A total of 58 patients were included in the study. About 57 (98.3%) patients were discharged from the hospital. Among them, 10 (17.2%) patients recovered without residual damage and 47 (81.0%) recovered with residual damage. There was one case of death during hospital stay and one case of death after 6 months of discharge. Four patients were lost to follow-up.

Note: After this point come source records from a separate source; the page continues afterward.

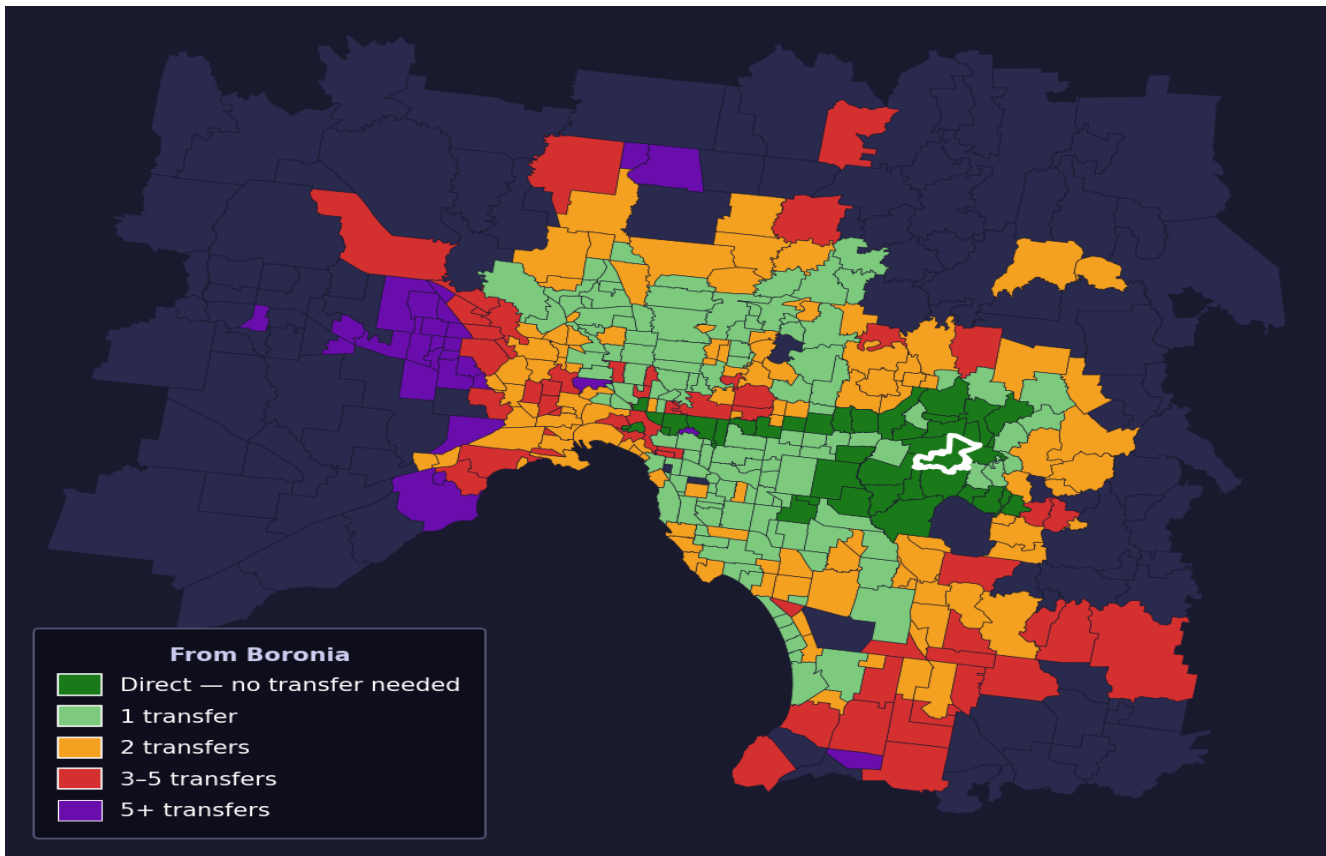

Boronia

Rank #184 of 450 suburbs

Composite 66 /100	Journey Quality 60 /100	Cost Efficiency 62 /100	Connectivity 78 /100
------------------------------------	--	--	---------------------------------------

Direct (0 transfers)	38 of 450
1 transfer	127 of 450
2 transfers	111 of 450
3-5 transfers	56 of 450
5+ transfers	117 of 450

Destination	Time	Single Trip	Weekly
Melbourne CBD	67 min	\$4.34	\$43.40/wk
Frankston	118 min	\$5.06	\$50.60/wk
Melbourne Airport	135 min	\$6.68	
Box Hill	35 min	\$3.76	\$37.60/wk
Dandenong	82 min	\$5.06	\$50.60/wk

The demographic and clinical characteristics of the study population are shown in Table 1. Twenty eight (48.3%) patients had non-severe disease and 30 (51.7%) patients suffered from severe COVID-19. The mean age of the study population was 47.79 ± 15.99 years and 53.4% were male. Around 38 (65.5%) patients had co-morbidities, which were diabetes mellitus (41.4%), hypertension (36.2%), ischaemic heart disease (20.7%), obesity (13.8%) and bronchial asthma (13.8%). The mean duration from symptom onset to hospital admission was 4.78 ± 2.73 days and mean duration of hospital stay was 15.37 ± 8.57 days. The common symptoms at admission were fever (87.9%), cough (72.4%), dyspnea (69.0%), fatigue (69.0%), anosmia (46.6%) and headache (36.2%). Severe COVID-19 patients received more oxygen, intravenous fluids, anticoagulant therapy, antiviral therapy and corticosteroid therapy than non-severe COVID-19 patients. Higher age, male gender, smoking, co-morbidities, diabetes mellitus, obesity, fever, cough, dyspnea at admission and increased duration of hospital stay were significantly associated with severe COVID-19 disease. Headache at admission was found more in non-severe COVID-19 patients.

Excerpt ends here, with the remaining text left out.